Is evergreen the new black? It may be. Each day new limited partnership agreements come across our desks, sent to us by our bank clients who ask us to read and analyze these documents alongside them to determine the most critical question in fund finance: is it bankable? While the majority of the fund structures hitting our desks in our subscription finance practice are traditional closed-ended private equity fund structures, we are seeing many more funds with open-ended features. Here we break down for you how these structures differ from a typical closed-end fund, why this structure is attractive to certain investors, and what lenders will want to be thinking about if they are putting together a financing for an evergreen fund.

If you have ever been the addressee of a Cadwalader LPA Checklist (the work product we produce after our review and analysis of a limited partnership agreement), you know that one of the first questions answered in the diligence of a fund is, “When does the investment period end?” In the majority of funds, the answer is a definite date. An increasing number of checklists recently have a shorter, yet more nuanced response to this question: “N/A.” This article will take you down the open-ended path, when the investment period has no end.

Unlike a closed-end fund that has a finite fundraising period and a finite investment period, an open-ended fund has a perpetual investment period (evergreen structure) as well as a continuous fundraising period. Investors in open-ended funds are able to continuously subscribe for equity interests and are able to redeem their interests in the fund at any point after the expiration of a “lock-up period.” The “lock-up” operates as you may imagine: the partnership interests of an LP are “locked” and not eligible for unilateral redemption until certain conditions are met. As redemptions are typically priced at the NAV of the fund, the lock-up period allows the fund to invest without the cost and liquidity demands of redemption distributions.

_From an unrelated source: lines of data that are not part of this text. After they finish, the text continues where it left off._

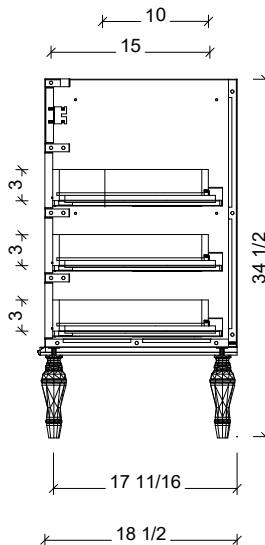

Range	Chester
Mount	Free Standing / On Legs
Size	60" Single Bowl
SKU	CHE-V-60-C-18-L-[Color Code]
SKU	CHE-V-60-C-21-L-[Color Code]

**COMPATIBLE TOPS**

- Required Top Size - 61" x 19" / 22"
- SilkSurface top with Ceramic Undermount
- Quartz top with Ceramic Undermount
- Ceramic Integrated Top

18" Deep Option

21" Deep Option

**NOTES**

Revision	1
Date	February 24, 2025 9:03 AM

DIMENSIONS ARE NOMINAL ONLY  
AND SUBJECT TO CHANGE AT ANY TIME.  
DO NOT SCALE DRAWINGS.  
INSTALLER TO CONFIRM ALL  
DIMENSIONS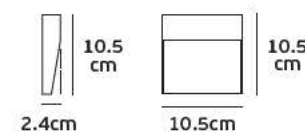

VK/02148

Product Models

Code	Model	Box
75169-328997	VK/02148/W/W □ White. 3000K. 22lm. 3w. CRI>80	1pc
75169-329997	VK/02148/AN/W ■ Anthracite. 3000K. 22lm. 3w. CRI>80	1pc

Details

Voltage 220-240V. Watt 3w. CRI>80. Type of Led SMD. Working temperature -20°C → 40°C. Lifetime 50.000hrs. No Dimmable. Material Die casting aluminium + PC.

IP54. 3w.

VK/02149

Product Models

Code	Model	Box
75169-330997	VK/02149/W/W □ White. 3000K. 22lm. 3w. CRI>80	1pc
75169-331997	VK/02149/AN/W ■ Anthracite. 3000K. 22lm. 3w. CRI>80	1pc

Details

Voltage 220-240V. Watt 3w. CRI>80. Type of Led SMD. Working temperature -20°C → 40°C. Lifetime 50.000hrs. No Dimmable. Material Die casting aluminium + PC. 2 years guarantee.

IP54. 3w.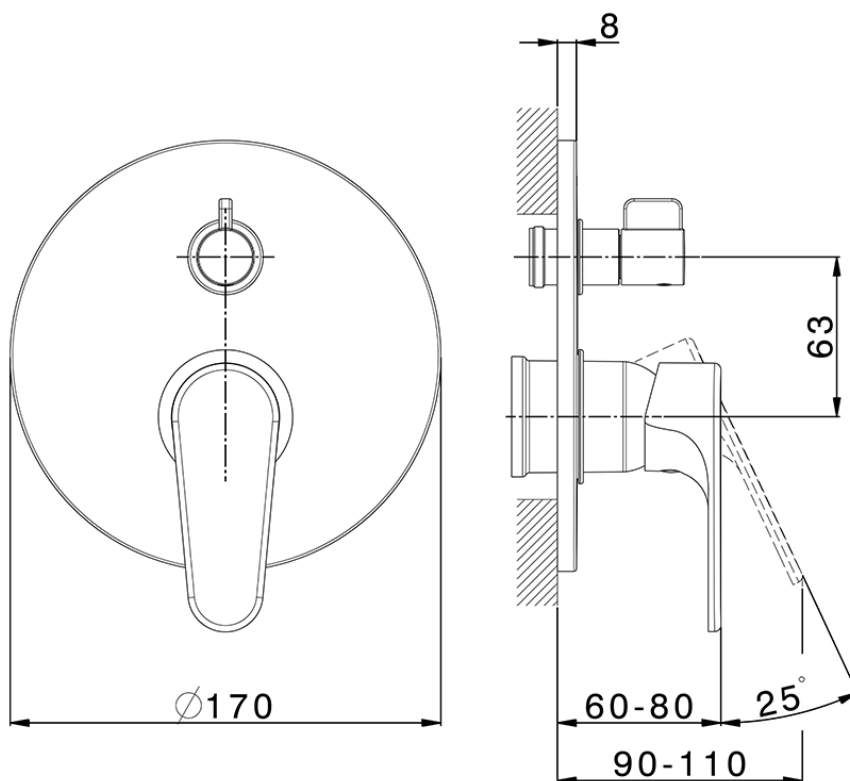

Exposed part for concealed S.L.bath-shower valve ALMA_A3002300

A3002300

<https://en.cisal.it/exposed-part-for-concealed-s-l-bath-shower-valve-alma-a3002300>

2026-04-06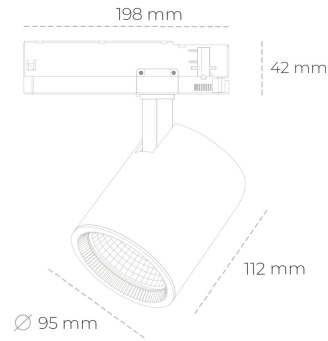

SPOTLIGHT SNIPER G MAXI 942 14W 15° BLACK MEAT WHITE ON/OFF

Article number: N014-K0002-CC942-H5-S15-ZA01_350-S3-###

LED	COB
Light colour	4200 [K] MEAT WHITE
CRI	90
Led chip flux	1412 [lm]
Luminous flux	1129 [lm]
System power	14 [W]
Luminaire Efficiency	81 [lm/W]
Beam angle	15°
Controller	ON/OFF
MacAdam	3 SDCM

Spotlight LED

Track mounted LED spotlight. Aluminium housing. Ceiling base installation possible. Available in white, black and grey. Any RAL palette colour available on enquiry. Reflector beams available: 15°, 20°, 30°, 45° and 60°. Maximum power is 30W

LUMINAIRE

Weight	1,02 [kg]
Protection rating IP , IK , class	IP 20, IK 1,
Luminaire colour	BLACK
Cover	Glass
Operating voltage	220-240V 50-60Hz

Note: All data are typical values. Tolerance of measurements +/-10% System features may change with product improvements due to technical advances.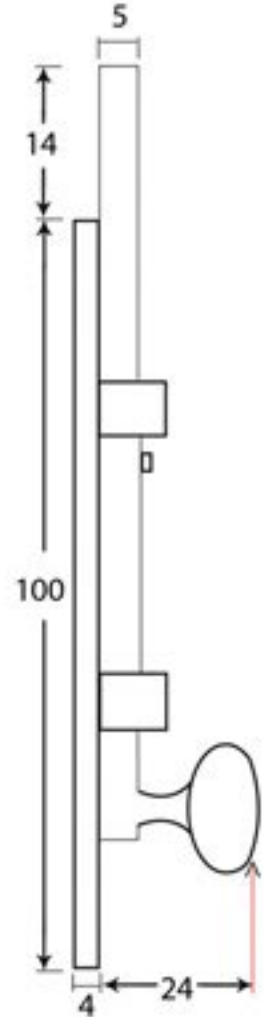

PRODUCT CODE 83965

HANDFORGED
TRADITIONAL
IRONMONGERY

Due to the hand crafted nature of our products all measurements are approximate and should be used as a guide only

To mitigate the risk that all investors would seek to redeem simultaneously, open-ended funds often have a queue system that operates as “first-in, first out.” Redemptions in these funds are subject to restrictions that vary greatly based on the structure of a particular fund. Redemption may be staggered based on a variety of criteria, and a subscription credit facility will be responsive to the particular mechanics of the fund at hand, as redemption eligibility could be allowed only once a certain period of time has passed – generally upon the two-year anniversary of an investor becoming a partner or the date the LP funded its capital commitments (in which case, partial redemptions may be a consideration as well). Earlier investors are traditionally eligible for redemption prior to later investors. A fund may also include redemption mechanisms that allow an investor to cancel its remaining unfunded capital commitment in connection with its redemption, so lenders will want to ensure credit documentation is responsive to the particular features of the fund at hand. (While always a critical step in a facility, parties should ensure the due diligence process has been thorough with respect to the constituent documents.)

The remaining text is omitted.